Muslim voting in South Asia
by Raphael Susewind
Using a custom algorithm and name lists from publicly available electoral registers, the study revealed features of the Muslim population that are much more detailed than what the official census data can provide.
At a basic level, the study could give a picture of the Muslim demographic that is hundreds of times more detailed than the official census (pictures below). More importantly, the study has also shown that vote choices are far more heterogeneous than previously thought; that Muslims take part in urban economies of corruption rather than being simply excluded from the city; and that degrees of residential segregation have surprisingly little to do with whether certain spaces are experienced as 'ghettos' or not.
The work made extensive use of the ARC service for both extracting the electoral data from PDF files and for running the custom model written in R.
ARC case study: Lucknow Muslim population from the census data (white means no Muslim presence, dark green means a high proportion of Muslims).
Muslim residential pattern in the city of Lucknow as revealed by the study's namematching methodology.
Student protest in American Universities
The late 1960s saw massive waves of protest by students. In the United States, students mobilized against the Vietnam War, against racial injustice, and against institutional rules that treated students like children rather than adults.

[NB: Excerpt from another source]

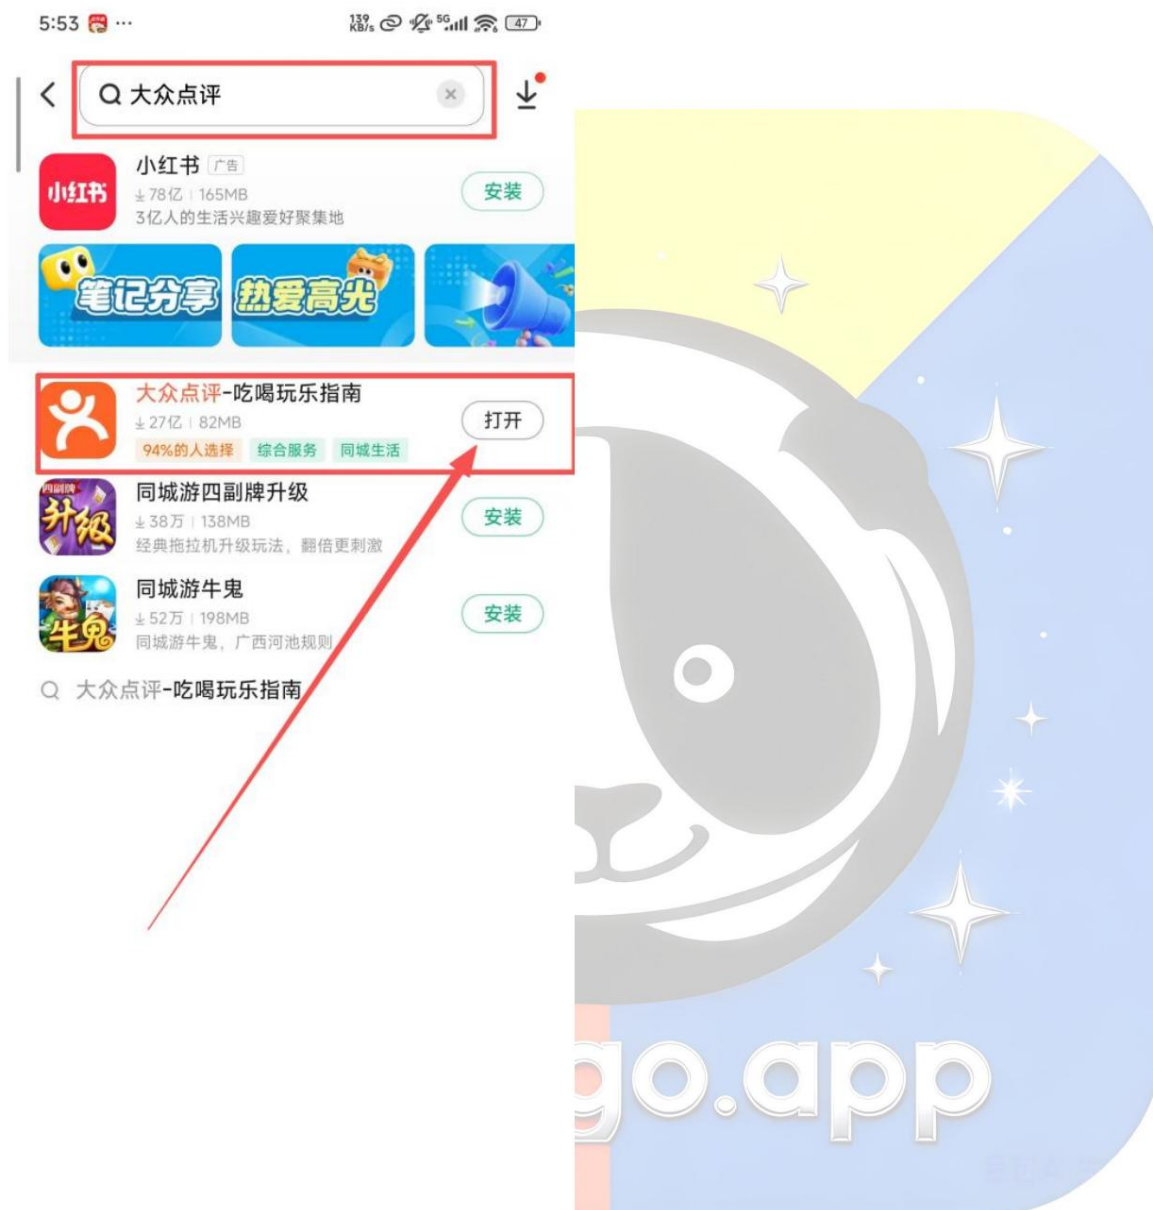

راهنمای کاربر Dianping

(1)دانلود و ثبت نام 'Dianping' را در اپ استور جستجو کنید، آن را دانلود و نصب کنید.

ثبت نام و ورود: از ورود سریع از طریق QQ، WeChat یا شماره تلفن همراه پشتیبانی می‌کند. پس از ورود به سیستم، می‌توانید اطلاعات شخصی خود (نام مستعار، آواتار) را تکمیل کنید. شماره تلفن همراه خود را متصل کنید و داده‌های حساب Meituan (مانند سفارشات و موارد دلخواه) را همگام‌سازی کنید.

(2) استفاده از عملکردهای اصلی 1. مرور و فیلتر کردن خدمات محلی فعال‌سازی موقعیت مکانی: برنامه را باز کنید، مجوزهای موقعیت مکانی را فعال کنید و ارائه دهندگان خدمات محلی در شهر فعلی به طور خودکار نمایش داده می‌شوند. دسته پیشنهادی پیش‌فرض «غذا» است و از تغییر به دسته‌هایی مانند «هتل‌ها»، «تفریح و سرگرمی»، «زیبایی»، «والدین-کودک» و «تناسب اندام» پشتیبانی می‌کند.

This study looked at data from surveys carried out by American universities in 1967 and 1968. The surveys were performed during the first week at university on incoming students, who were asked if they had protested in high school, and they were also asked to estimate the chance that they would protest during their time at university.
The data was used to explain a general sociological puzzle: why is protest more likely in elite universities? The study found that the major explanation is that such universities admit more students who are already inclined to protest. Also, since potential activists cluster together in the same universities, peer influence subsequently increases this proclivity to protest.

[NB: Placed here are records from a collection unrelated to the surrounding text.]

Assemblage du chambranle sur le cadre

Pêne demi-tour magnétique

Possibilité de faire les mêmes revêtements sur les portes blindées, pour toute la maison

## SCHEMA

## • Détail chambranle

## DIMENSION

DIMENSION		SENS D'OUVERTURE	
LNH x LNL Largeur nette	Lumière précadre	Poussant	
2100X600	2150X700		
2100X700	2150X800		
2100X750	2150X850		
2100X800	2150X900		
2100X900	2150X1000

The question that follows is: if students who were already inclined towards protest deliberately chose a university because it provided a conducive climate of opinion. Answering this question required the analysis of 229,000 students, each making a choice among 168 universities, amounting to a total of 39 million observations. The results indicate that prior protest hardly influenced the choice of university. Other factors appear to be far more important, with students more likely to go to a university if it were closer, if it admitted students with similar marks to their own, and if it aligned with their religious or racial identity.
In summary, the tendency for potential protesters to cluster together in a few universities was an unintended consequence of decisions made primarily for other reasons. The effects of the protests however were very significant, shutting down elite institutions like Columbia University for weeks, and eventually transforming university life; breaking down racial barriers and giving students new freedoms.
The study required the use of very large models in Stata, run on the ARC service.
Student protest at Columbia University, New York City, April 1968.